Day five was spent in heavy meditation (Burroughs would be so proud), after which I decided that Beyoncé wouldn’t want me to sacrifice my social life in my quest to become her. This was an eye-opening night for me, because I discovered just how much I can drink on a five day empty stomach (spoiler alert: a lot). I woke up on day six without a hangover, thanking God for the Irish heritage that permits such behavior and cursing the lack of hashbrowns in my life.
From then on, it was relatively smooth sailing. Be it my stubborn nature, or the fact that my body had resigned itself to death, I made it to the end. Sure, there were the occasional hunger pains and bouts of light-headedness, but they passed without incident. I think part of what made this so much easier than I expected (which is to say, not easy at all but merely possible) was the clarity of it. Unlike a normal diet where I could questionably try to justify something I wanted to eat, the cleanse was crystal clear. Is this thing you’re trying to consume a bottle your stupid fucking spicy lemonade? No? Tough shit, you can’t have it. There’s not a whole lot of room for error there.

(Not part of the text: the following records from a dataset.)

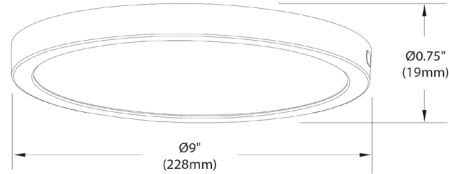

FCA-920LEDFH

<b>Height</b>	0.75"
<b>Width/Length</b>	9"
<b>Depth</b>	9"
<b>Weight</b>	1 lbs

<b>Body Material</b>	Plastic
<b>Finish/Color</b>	Matte White
<b>Type of Finish</b>	Painted

<b>Light Qty</b>	1
<b>Light Base</b>	AC LED
<b>Light Max Watt</b>	20
<b>Light Inc</b>	Yes
<b>Light Lumens</b>	2000(Initial) 1400(Delivered)
<b>Light CRI</b>	80+
<b>Light CCT</b>	2700K - 3000K - 3500K - 4000K - 5000K
<b>Light Life</b>	30000 Hours
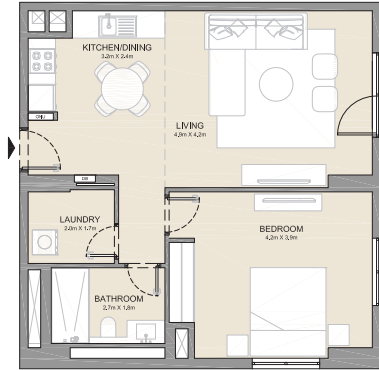

PORT DE LA MER
La Côte

1 BEDROOM
BUILDING 3

APARTMENT TYPE 5
- LEVEL 4

UNIT NO.	SUITE AREA		BALCONY AREA		TOTAL AREA	
	SQM	SQFT	SQM	SQFT	SQM	SQFT
403	68.97	742	0.00	0	68.97	742
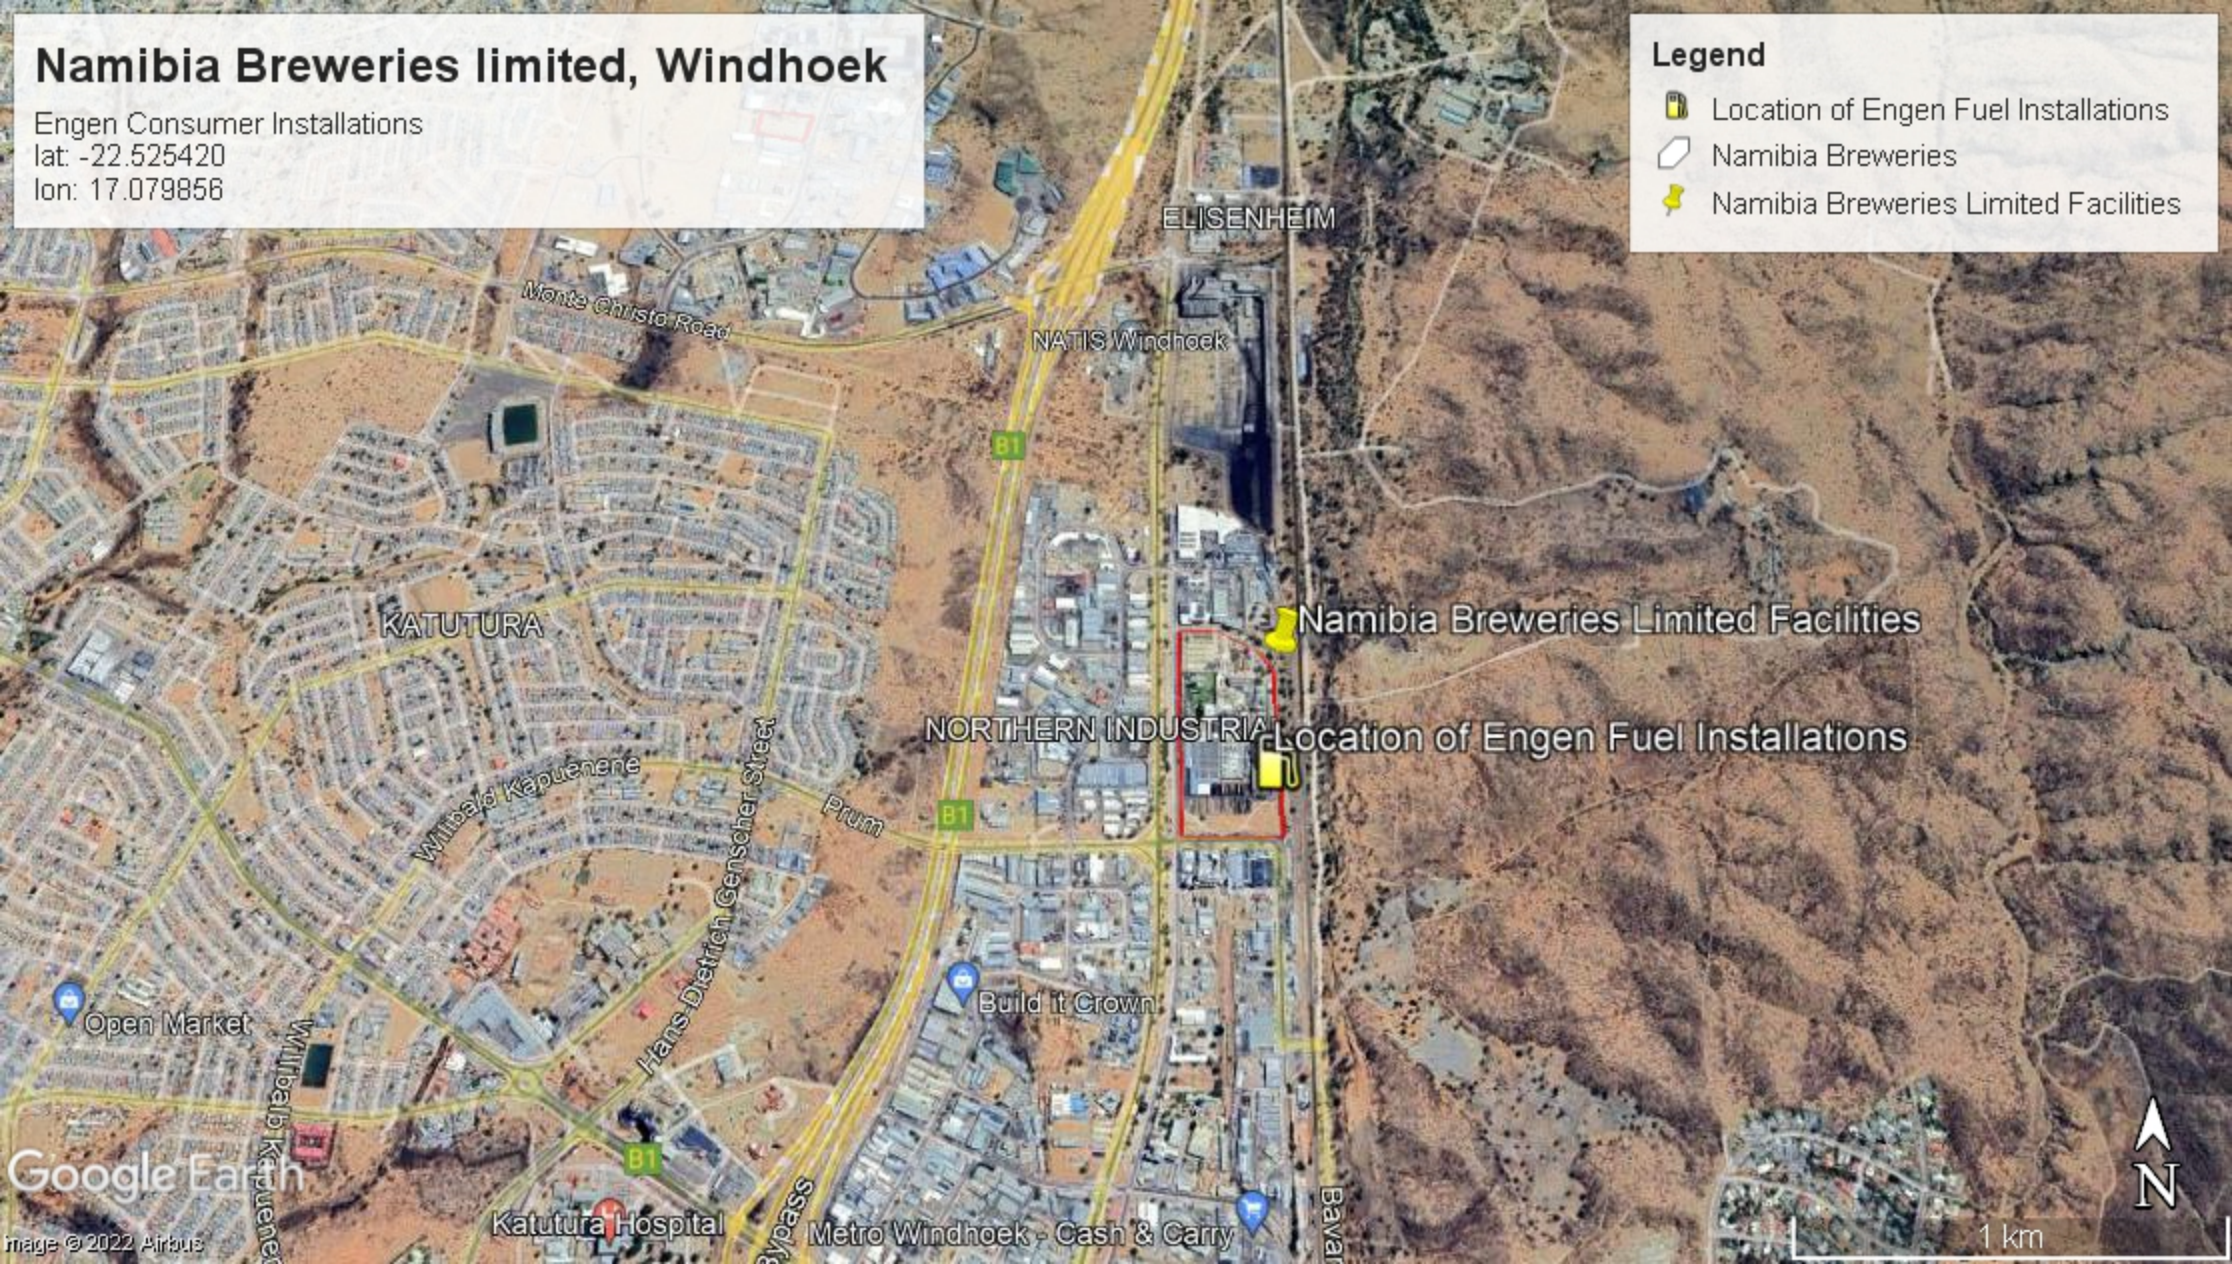

Namibia Breweries limited, Windhoek

Engen Consumer Installations
lat: -22.525420
lon: 17.079856

Legend

-  Location of Engen Fuel Installations
-  Namibia Breweries
-  Namibia Breweries Limited Facilities

ELISENHEIM

NATIS Windhoek

KATUTURA

Namibia Breweries Limited Facilities

NORTHERN INDUSTRIA

Location of Engen Fuel Installations

Open Market

Build It Crown

Katutura Hospital

Metro Windhoek - Cash & Carry

Google Earth

image © 2022 Airbus

1 km
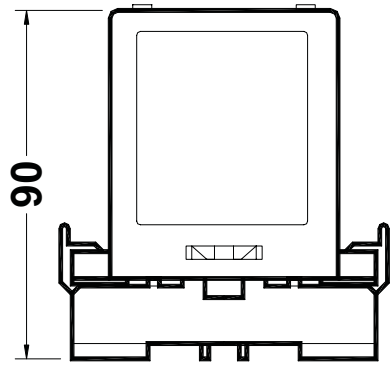

DIMENSIONS

AFR-1H UNIT : mm

AFR-1H
SUPPLY WATER

DRAINAGE WATER

Real talk: I lost 10 lbs. in 10 days (this was actually only a measurement from day 4 on, because I may have forgotten to weigh myself beforehand). I am under no impression that this is a lasting effect, mostly because I know I’m about to be knee-deep in some Taco Bell tomorrow night. But in the short term, I can’t deny the results, however miserable the method of getting said results was. There are definitely less grueling approaches to losing weight, and they probably won’t result in an ulcer and a lifetime aversion to maple syrup. I hope this is clear, but I would absolutely not recommend anyone do this.

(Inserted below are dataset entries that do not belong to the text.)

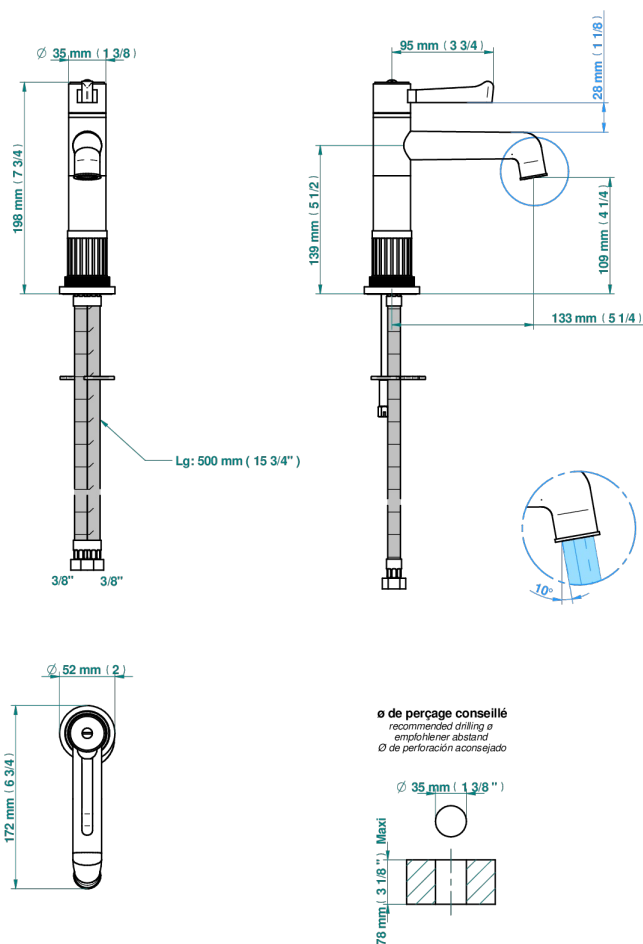

# HAMPTONS WITH LEVER HANDLES

G4S-6506/US

Single lever faucet without drain

82646

18/10/2023

## CHARACTERISTIC

- Hamptons with lever handles
- Single lever faucet without drain
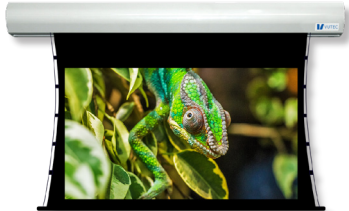

Lectric 1C
supported strong surfaces

Lectric 3C
tab-tensioned surfaces
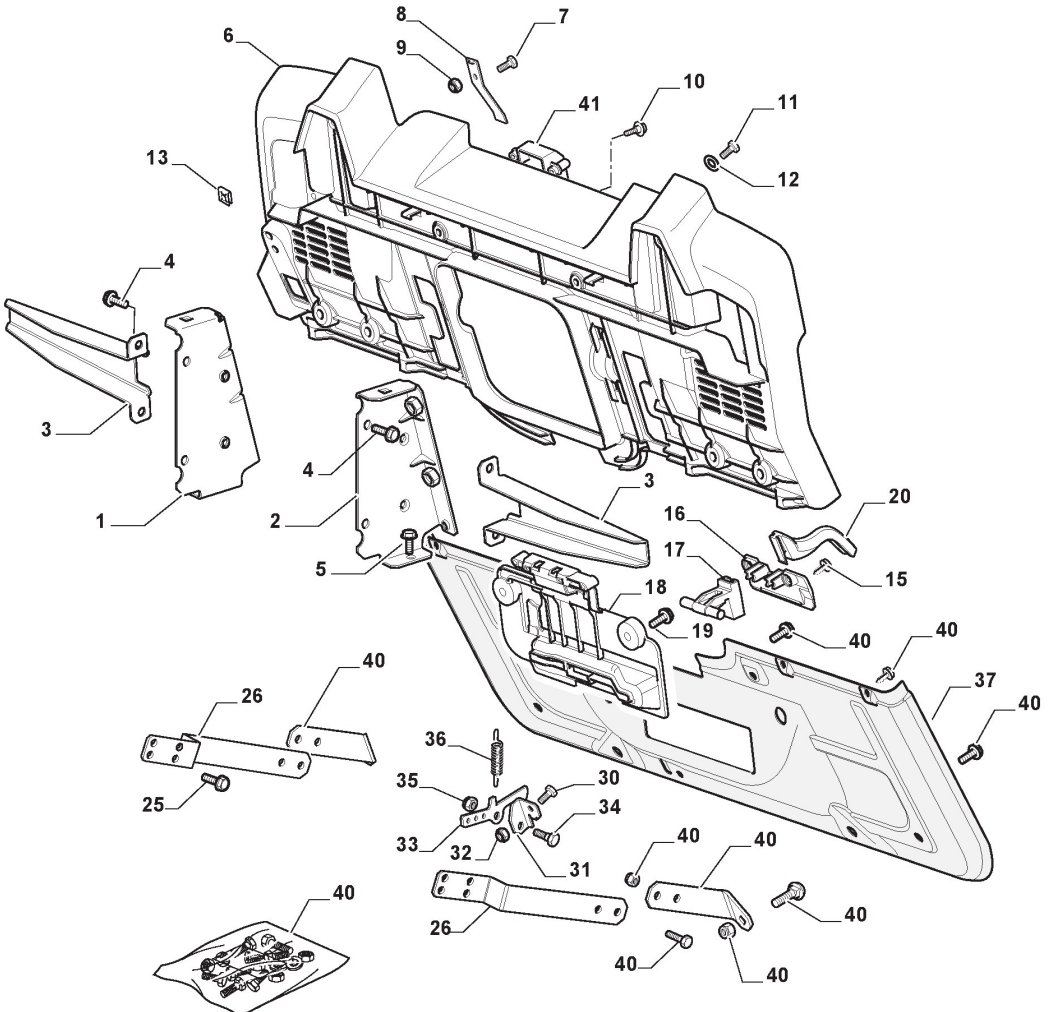

Frame - Rear Plate

Réf. N°	Q.té :	Code article	Description	Articles	De	Jusqu'à
1	1	325774501/0	Etrier			
2	1	325774507/0	Etrier			
3	2	325650163/0	Renforcement			
4	8	125943009/0	Vis			
5	2	125943009/0	Vis			
6	1	325547299/1	Plaque Arriere, Partie Superieur			
7	1	112789008/0	Vis			
8	1	127430600/0	Ressort			
9	1	112154330/0	Ecrou			
10	4	125943010/0	Vis			
11	6	112789008/0	Vis			
12	6	112523020/0	Rondelle			
13	6	112437503/0	Plaquette			
15	2	112728686/0	Vis			
16	1	325109522/0	Couvercle Protection			
17	1	325318276/0	Levier			
18	1	325785428/0	Support			
19	2	125943010/0	Vis			
20	1	325318277/0	Levier	Also on endowment p40		
25	4	112793102/0	Vis			
26	2	325774521/0	Etrier			
30	1	112789008/0	Vis			
31	1	325755061/0	Etrier			
32	1	112154330/0	Ecrou			
33	1	325774533/0	Etrier			
34	1	125510080/2	Pivot			
35	1	112154510/0	Ecrou			
36	1	125430282/1	Ressort			
37	1	382547071/1	Plaque Arriere, Partie Inferieur			
40	1	382180146/0	Dotation Visserie			
41	1	325600107/0	Protection Micro

– My appetite is significantly decreased.
– I have a very different perspective on how much food I actually require to sustain myself.
– I have developed an inhuman tolerance for spicy drinks, which means my Bloody Mary game is about to be even more on point than it was before.

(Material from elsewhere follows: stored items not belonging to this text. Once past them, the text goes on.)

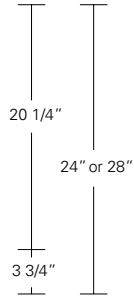

Arris Night Cabinet B
(two doors)
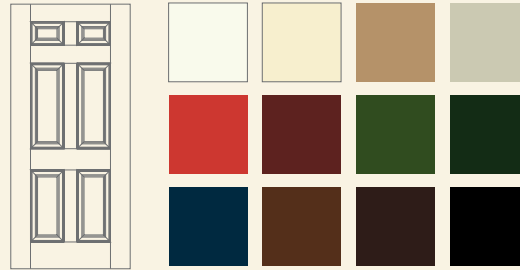

INTERIOR VIEW INTERIOR
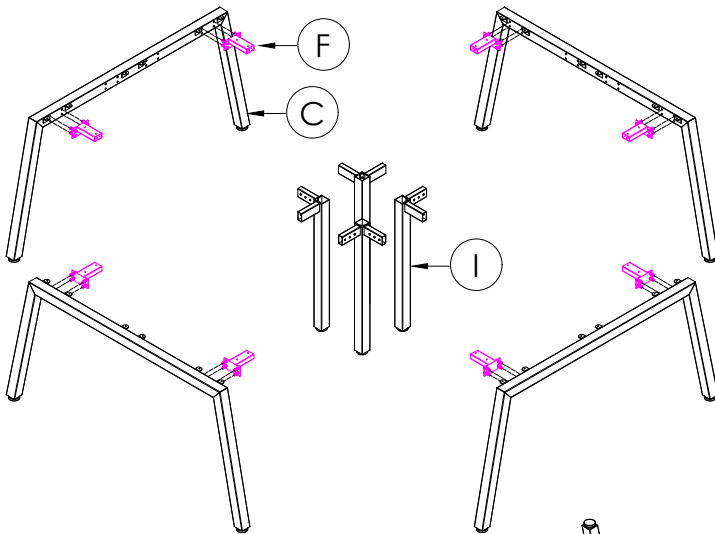

A	VARIOUS SIZES  DESKTOP	x2	C	 AN-LE15	x4	D	M6 x 20mm  BUTTON HEAD ALLEN BOLT	x48
B	ST-AB1218  ADJUSTABLE BEAM	x8	E			E	70mm  CHIPBOARD SCREW	x80
F	100mm x 50mm  BRACKET	x8	G	 3mm SPACER	x8	H	25mm  CHIPBOARD SCREW	x24
I	 ST-WSL90	x4						

STEP 1

STEP 2

CAUTION:
HEAVY

2 PERSON HEAVY
ASSEMBLY

STEP 3

STEP 4

FINAL

CAUTION:
HEAVY

2 PERSON HEAVY
ASSEMBLY

READY2GO FURNITURE

PRODUCT CODE:
AN-WSX157
ASSEMBLY INSTRUCTION-PART 2
ASSEMBLED SIZE:
1500L x 1500D x 730H

REMARKS:
WST15157 + AN-LE15 + ST-AB1218
© 2020
READY TO GO FURNITURE PTY LTD
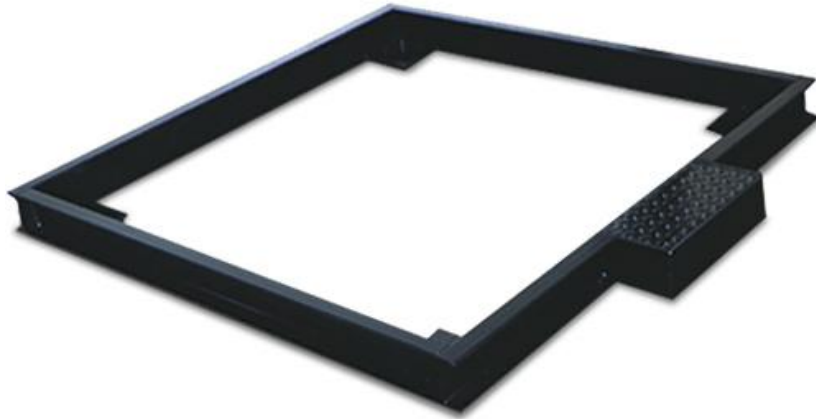

Rice Lake 39610 RoughDeck HP-H 4 ft x 6 ft Pit Frame (30,000lb)

Rice Lake's RoughDeck® pit frames are used for pit installations of the RoughDeck floor scale. When you need a scale installed for low profile with the existing deck, a RoughDeck pit frame is available in a variety of sizes and surfaces, including RoughDeck's reputable hostile environment construction.

Manufacture: Rice Lake
SKU: 39610

Please Call
(800)832-0055

Features

Rice Lake's RoughDeck® pit frames are used for pit installations of the RoughDeck floor scale. When you need a scale installed for low profile with the existing deck, a RoughDeck pit frame is available in a variety of sizes and surfaces, including RoughDeck's reputable hostile environment construction.

– My family looks at me with a mixture of awe and fear any time I enter a room.
More important than anything else that may have resulted from it, this cleanse serves as a warning for anyone in the future: do not test me. I have a very particular set of skills. I will take you up on it, I will win, I will write a long-winded article about it, and then I will mail you said article in a frame, signed “suck it.” You have been warned.